それっぽく言ってみましたが、格言でも何でもなく、私の日々の悩み事です。笑 本の虫あるあるかもしれませんが、みなさんどんなもんでしょう?私はポイする派ですが、この本!なんと、231ページを過ぎてからやっと面白くなってくるんです!

ノーベル賞作家というネームバリュー、オバマ元大統領が人生最高の書と挙げているという前評判、そして、結構高かった(1500円)というプレッシャーを感じながら意地になって読み進めていたら、なんと、231ページにして道が開けたという…!まずはこのことに感動してしまいました。
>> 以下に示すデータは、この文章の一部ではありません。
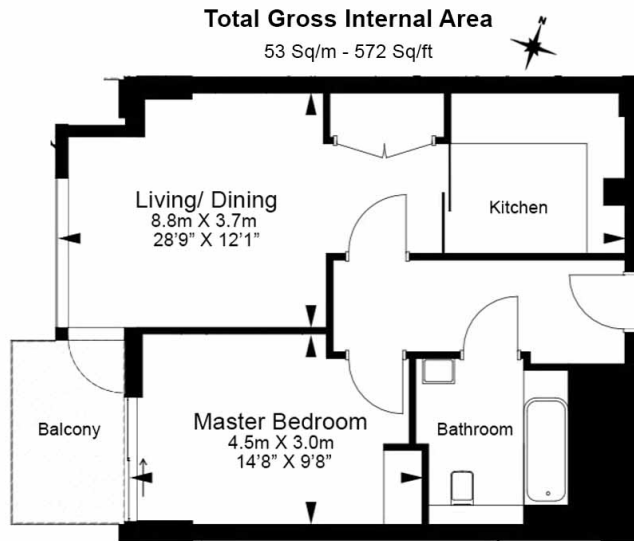

Rosemary Building, Royal Mint Gardens, E1

£675 per week, £2,925 per month + fees

www.benhams.com

Score	Energy rating	Current	Potential
92+	A		
81-91	B	84 | B	84 | B
69-80	C		
55-68	D		
39-54	E		
21-38	F		
1-20	G		

London branches open six days a week Mon - Sat

Canary Wharf | City | Colindale | Dartmouth Park | Ealing | Fulham
Hammersmith | Hampstead | Highgate | Hyde Park | Kensington | Kew
Knightsbridge | Nine Elms | Shoreditch | Southall | Surrey Quays
Wapping | Wembley | White City | Woolwich

International offices

China | Hong Kong SAR | India | Indonesia | Qatar | Malaysia | Middle East |
Singapore | South Africa | Thailand | Turkey

読み続けるという選択をしてよかった…!

 

ソロモンの歌 (ハヤカワepi文庫)

 

時は1930年代~アメリカ。物心ついてからも母の乳を飲んでいた(飲まされていた)せいでミルクマンとあだ名された男の子が主人公です。

彼の母ルースは、その地域で愛されていた医師の娘。メイコンという夫をもち、2人の女の子(ミルクマンから見たら姉)と1人の息子に恵まれました。メイコンは実業家で成り上がり。若い頃から人に尊敬され、不自由なく暮らしてきた義父とは反目していました。夫婦仲は悪く、母が殴られることもしばしば。ミルクマンは、メイコンの妹で、密造酒を作って生計を立てているパイロットや、彼女の周りの人たちと親しくなることで、家庭での寂しさを紛らしていました。
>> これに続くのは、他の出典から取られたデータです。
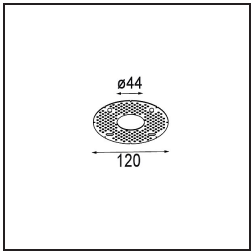

Minude Suspended 45 1x LED 2700K Medium DE Champagne Brushed Anodised

Specifications

Material	11465041
Light Source Type	LED
LED Type	BRIDGELUX V6 HD G7
LED technology	LED COB
CRI	Min. 90
Colour Temperature	2700K
Lifetime	L80B10 @50,000 Hours
Lamp Included	Yes
Number of Light Sources	1
CIE flux code	99 100 100 100 63
Binning (SDCM)	2
Light Direction	Down
Optic	Lens
Measured beam angle (°)	29.6
Input Voltage	Constant Current Driver Required
Electrical Class	III
IP Rating	20
Glow wire rating (°C)	960
Indoor/Outdoor	Indoor
Application	Ceiling
Mounting	Suspended
Cut-out size (mm)	ø44
Mounting depth (mm)	70.0
Adjustability	Not Applicable
Distance to Lighted Object (m)	0,1
Primary Colour & Primary Finish	Champagne, Brushed Anodised
Gross weight (g)	373.0
Drive current (mA)	350 500
Min. forward voltage (Vf)	14,8 15,2
Max. forward voltage (Vf)	18,0 18,6
Connected load (W)	5,7 8,5
Luminous flux per lamp (lm)	449 605
Efficacy (lm/W)	79 71
Glare rating	4 5

Remark

- This Minude Suspended comes with a black ceiling rose

TM30 & CRI diagram

Installation Accessories

10889530 Installation Housing 123x100x80

12290730 Plaster Kit 100x120-45 1x

12293730 Plaster Kit 44 1x

ミルクマンが10代後半になったある日、母を殴った父を殴り返したミルクマンに父は、母の秘密を聞かせるのです。そこから母を憎む日々が始まりました。数年後、母の不倫現場を押さえようと母を尾行したミルクマンは、母から真実を知らされ、しだいに自分のルーツに興味を持つようになります。
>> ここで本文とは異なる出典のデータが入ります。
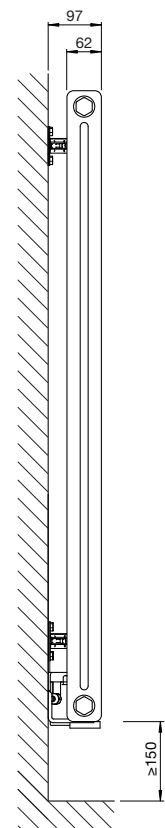

Zehnder Charleston Electric

In stock items highlighted in bold below	Height mm	Width mm	Overall Projection	No. of sections	Finish	Radio frequency remote programmer IP44 Zone 1 Bath, Zone 2 Shower, Class II Electric rating (watts)	RRP (ex VAT)	RRP (inc 20% VAT)

⚡ Zehnder Charleston Electric Horizontal - 3 column

NZ3-060-050/GF	600	502	135	10	white*	500	£689	£826.80
NZ3-060-059/GF	600	594	135	12	white*	750	£803	£963.60
NZ3-060-073/GF	600	732	135	15	white*	1000	£870	£1,044.00
NZ3-060-087/GF	600	870	135	18	white*	1250	£1,016	£1,219.20
NZ3-060-101/GF	600	1008	135	21	white*	1500	£1,096	£1,315.20
NZ3-060-128/GF	600	1284	135	27	white*	2000	£1,318	£1,581.60

⚡ Zehnder Charleston Electric Vertical - 2 column

NZ2-180-031/GF	1792	305	97	6	white*	750	£1,002	£1,202.40
NZ2-180-040/GF	1792	397	97	8	white*	1000	£1,076	£1,291.20
NZ2-180-049/GF	1792	489	97	10	white*	1250	£1,150	£1,380.00
NZ2-180-058/GF	1792	581	97	12	white*	1500	£1,223	£1,467.60

⚡ Zehnder Charleston Plinth Electric - 5 column

NZ5-030-096/GF-F	300	962	213	20	white*	1000	£1,145	£1,374.00

*Traffic White (RAL 9016)

Colour finish: Colours from the World of Colours chart are priced at:
Traffic White (RAL 9016) + 25%.
Colour finish and non-stock products delivery: 3-5 weeks.
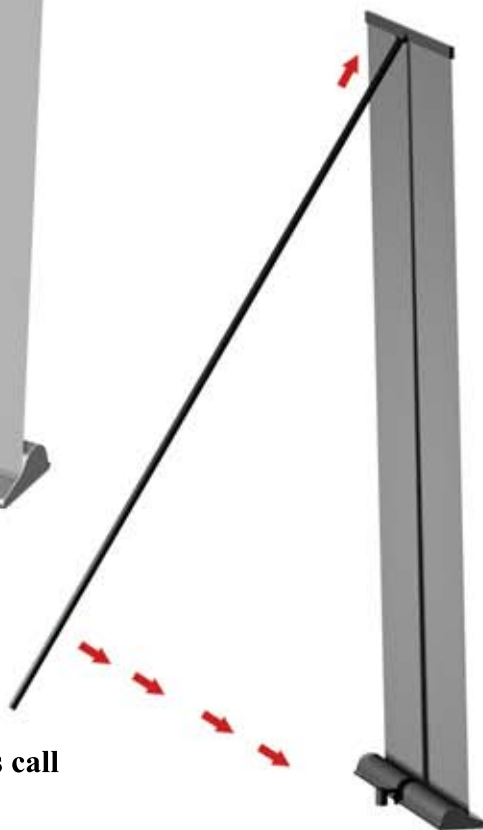

Space Mini Retractable Setup Instructions

**BALLANCE
DISPLAY**

A Division of Ballance Design Ltd.

Component list for your Space Mini Retractable

1 Space Mini retractable Base

1 Three Part connecting pole

1 Mini Foot

1 Portable Carrying Bag

1. After removing the banner from the sleeve place it on the ground and slide the mini foot into the groove on the base.

2. Hold the top bar with both hands. Then place your foot on the base to keep steady and proceed to pull the banner out of the base

3. While keeping your foot on the base continue to pull the banner out of the base.

4. holding the banner with one hand, place the pole into the groove in the top bar and then place the bottom of the pole into the hole on the mini foot. Now you're all finished!

と、ここらへんで231ページ。こっからがめちゃめちゃ面白い!

 

読みにくい理由はいくつかありますが、まずは話があちこち飛ぶところと、こまごましたエピソードが乱立しているところ。しかも、読んでいて気持ちのいいエピソード(情景)でもなくて…。人の肌が湿っている様を溶けた砂糖に例えたり、ブドウの汁が手についてそれが青い筋になって服に垂れるという様子とか、生々しく、においまで漂ってきそうな鮮かさで描かれるから、読み進めようにも躊躇してしまう。

そして最大の読みにくいポイントは、「かなり先になるまで、ミルクマンの声(言葉)が聞こえない」というところ。セリフはいくつかあるものの、彼の「思考」としてそれらしいものが提示されるのは、

この世で知っていることは全て、他人から聞かされたこと

と、

自分が他の人間の行動や憎しみを受け入れる、ゴミ箱でもあるような気がした

という言葉によってです。

これはおそらく、ミルクマンの成長の表現であり、親に対して抱き続けてきた幻想が消えた象徴的なシーンなのでしょう。幼い子は、親の作った世界を「絶対」と思って生きています。親の言うことが最も正しい。親は良き人間であり、最も正しい愛を自分に注いでいる…。しかし、「それは違った」と気付いたその時、ミルクマンは自分の家族を客観的に評価するようになるのです。ミルクマンが客観的な視点を持った231ページ以降、読者もいろいろ客観的に判断するための素材を与えられるという構成になっている。

…だから読みにくかったのか!

 

ミルクマンが父を殴った日、父が息子に語ったことは、母の淫らな一面でした。その後のストーリーは、やや父の言葉を裏付けるような展開で、読者としてもそれを信じてしまう恰好になります。しかし、そこからまた何十ページも先、母の話を聞くと実は違ったということが判明する。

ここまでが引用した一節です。